One last thing that a lot of Westerners do not know about Go. It is huge in the East. Professional Go players can earn over $1 million per year. South Korea has a television channel that shows Go stuff 24 hours a day. The professional institutions in charge of this are huge. It’s also several centuries older than chess, and as I alluded to by the salary, you can make a full time career out of it in the right country with enough skill.
I love it, even though I am only a lowly amateur. Hikaru no Go, the magna / anime mentioned at the end of the article, has more about Go as a game explained from an entertainment point of view. 🙂
What’d be most interesting is seeing what the hardware they have behind this program is.
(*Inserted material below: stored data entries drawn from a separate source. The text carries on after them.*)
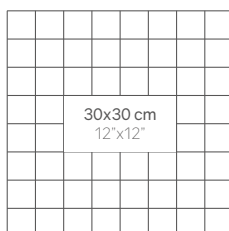

Urban 20x20 cm / 8" x 8" · 29,2x25,4 cm / 11 1/2" x 10"

Porcelánico · Porcelain tile

(*) Variedad gráfica.

Shade variation.

* Venta por pieza
Sale by piece

Gama de colores:
Range of colours:
20x20 cm / 29,2x25,4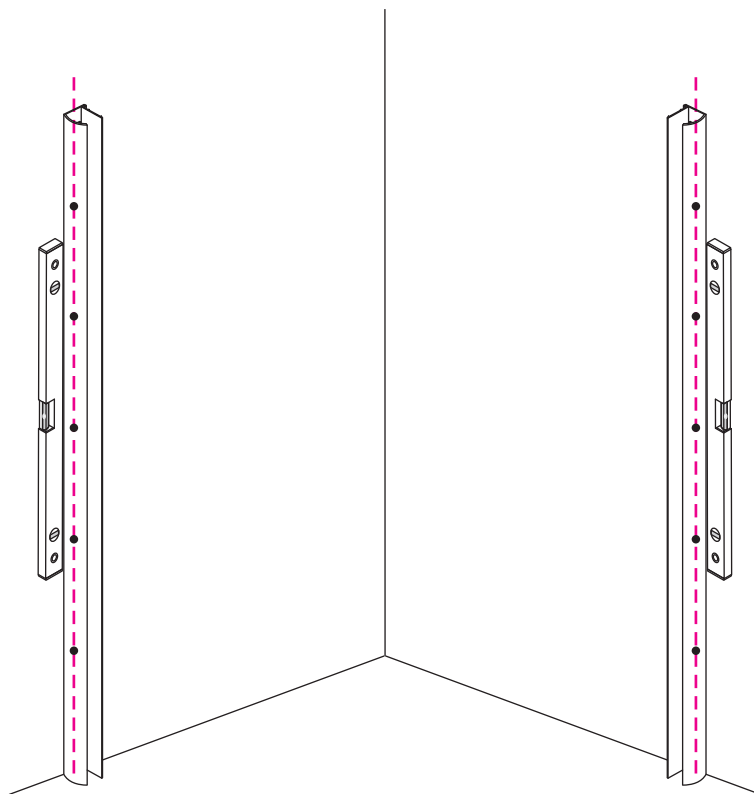

INSTALLATIE VOORSCHRIFT

Dubbele swingdeuren met NANO behandeld glas
20.3844

1000x1000x2000mm
(980-1000) x (980-1000) x 2000mm

Zonder NANO

NANO

NANO garantie: 5 jaar bij normaal gebruik
LET OP: gebruik geen grove scherpe voorwerpen, zoals schuursponsjes of staalwol om het glas schoon te maken.

1

3

5

Φ3mm

X4

4x12

Voorzie alleen de
buitenzijde van de
cabine van siliconenkit.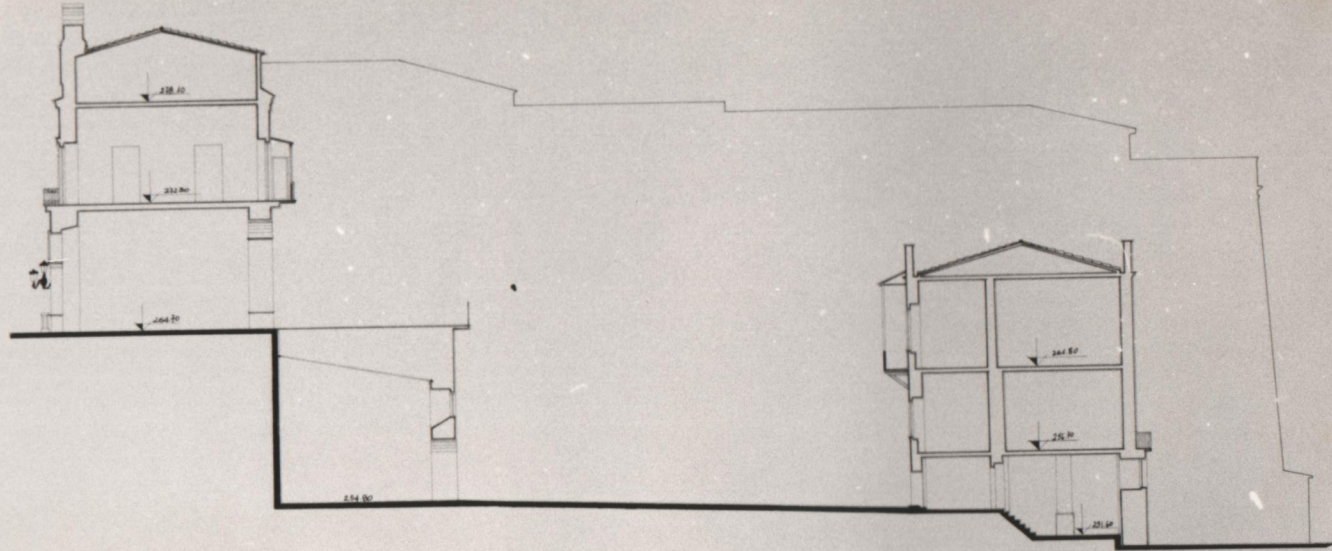

SOPRINTENDENZA BENI A.A.A.S.
COSENZA

ARCHIVIO FOTOGRAFICO

Rilievo: N. 94 Neg. 55061 Pos. 55006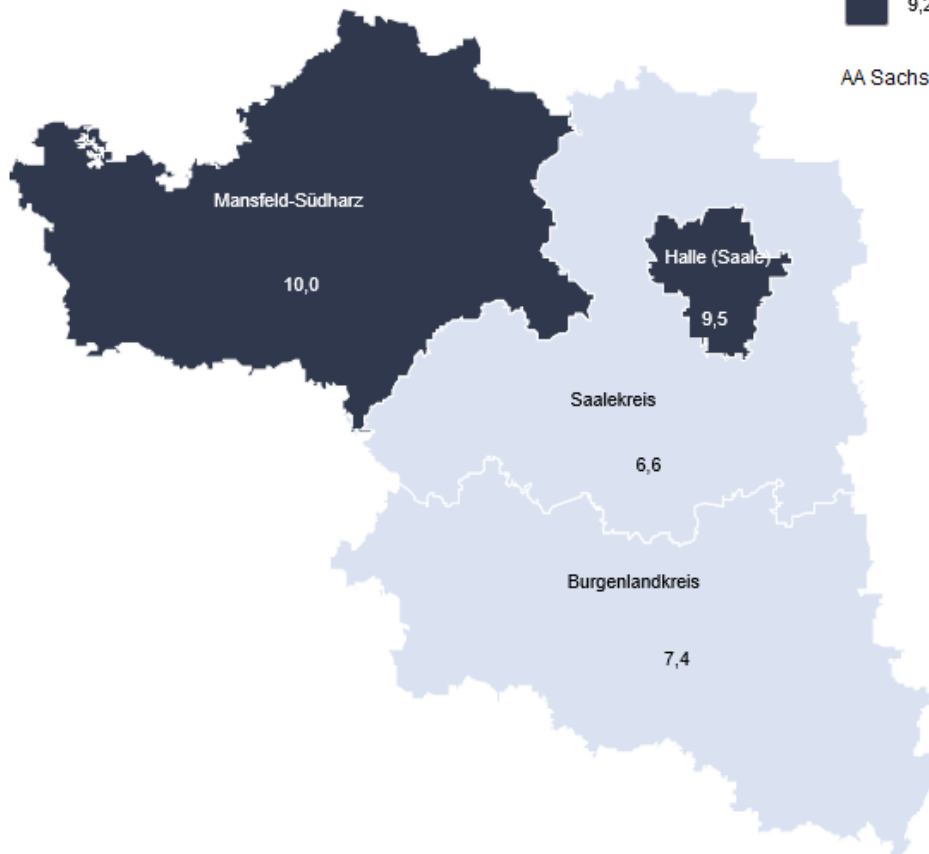

Agentur für Arbeit Sachsen-Anhalt Süd nach Kreisen
April 2024

**Arbeitslosenquoten nach Kreisen
Sachsen-Anhalt Süd**

AA Sachsen-Anhalt Süd: 8,3 %

Agenturbezirk nach Kreisen	Bestand an Arbeitslosen	Veränderung gegenüber				Arbeitslosenquote			
		Vormonat		Vorjahresmonat		in %	Veränderung gegenüber ... in %-Punkten		
		absolut	in %	absolut	in %		Vormonat	Vorjahresmonat	
		1	2	3	4	5	6	7	8
AA Sachsen-Anhalt Süd	30.780	- 387	- 1,2	587	1,9	8,3	- 0,1	0,1	
Halle (Saale), Stadt	11.421	- 12	- 0,1	272	2,4	9,5	-	0,2	
Burgenlandkreis	6.642	- 127	- 1,9	166	2,6	7,4	- 0,2	0,2	
Mansfeld-Südharz	6.414	- 130	- 2,0	- 67	- 1,0	10,0	- 0,2	- 0,1	
Saalekreis	6.303	- 118	- 1,8	216	3,5	6,6	- 0,1	0,2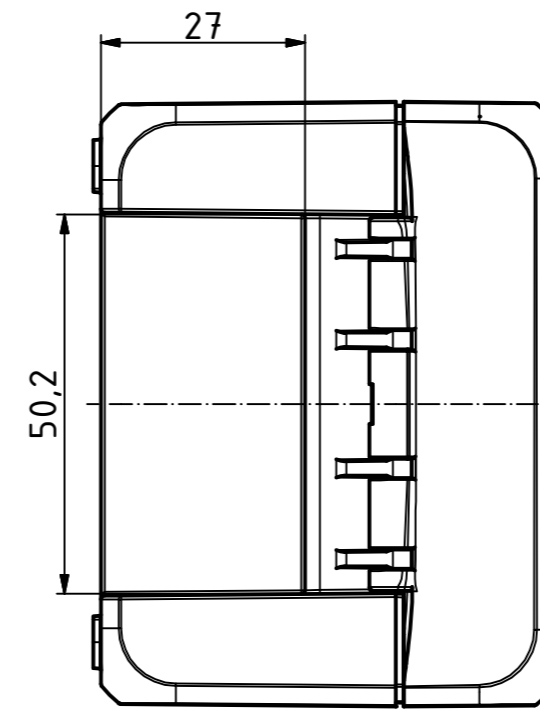

"Schutzvermerk nach DIN ISO 16016 beachten." "Please pay attention to copyright note DIN ISO 16016"

ISO (1 : 2)

(1 : 2)

Maßstab/ Scale:	1:1, 1:2	
Zeichnungs-Nr. / Drawing-No.:	2K 5390.031.01	
Artikel / Article:	BOCUBE B-100806	
Katalogzg./Catalogue draw.		
A.Nr./ Alt.No.:	Datum/ Date:	
DISK: 2503376.idw		
Datum/Date: 22.06.2012 KH		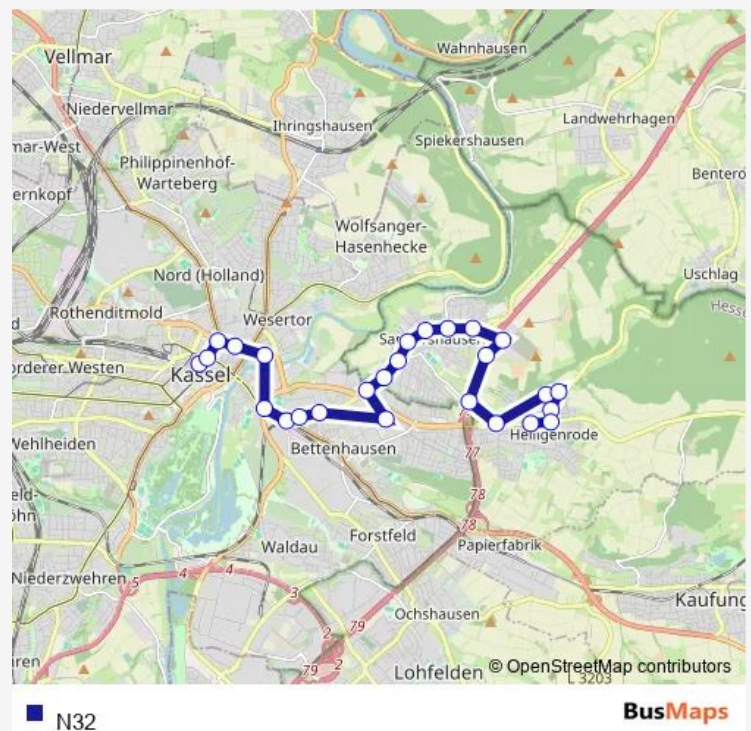

Niestetal-Sandershausen Zum Solarwerk

Niestetal-Sandershausen Obelwegbrücke

Niestetal-Sandershausen Mehrzweckplatz

Niestetal-Heiligenrode Sandershäuser Straße

Route schedule

Kassel Königsplatz/Mauerstraße — Niestetal-Heiligenrode
Karl-Marx-Straße

Monday —

Tuesday —

Wednesday —

Thursday —

Friday 25:00-02:15⁺¹

Saturday 03:30-02:15⁺¹

Sunday 03:30-04:45

Route info

Direction: Kassel Königsplatz/Mauerstraße

Stops: 26

Trip Duration: 0 hour 30 min

Niestetal-Heiligenrode Am Hopfenberg

Niestetal-Heiligenrode Niestetalstraße

Niestetal-Heiligenrode Am Waldstrauch

Niestetal-Heiligenrode Wicher Straße

Monday	—
Tuesday	—
Wednesday	—
Thursday	—
Friday	24:30-01:45 ⁺¹
Saturday	03:00-01:45 ⁺¹
Sunday	03:00-04:15

Route info

Direction: Niestetal-Heiligenrode Karl-Marx-Straße

Stops: 21

Trip Duration: 0 hour 26 min

Chess Programs based around logic calls to massive move databases were the foundation of successful chess programs, and boil down to throwing computing power at the problem largely. If the Goog has tackled Go not only by implementing machine learning, but by doing it with a hardware independent approach, that’d be revolutionary.
This however is probably why you’ll never see a mobile app, Chess programs broke the glass ceiling of computing power at the turn of the millennium and run on mobile. Go has infinitely more squares than a chessboard, thus is infinitely more complex, they’ve prob run the program on a serious rig.
Just pointing out that I don’t think glass ceiling means what you think it does 😛
Also, I would think a learning AI would be considerably more efficient and processor friendly than a database crunching giant like Big Blue. I won’t bet on it but I wouldn’t be surprised if Google’s Go algorithm worked fine on modern mobile phones.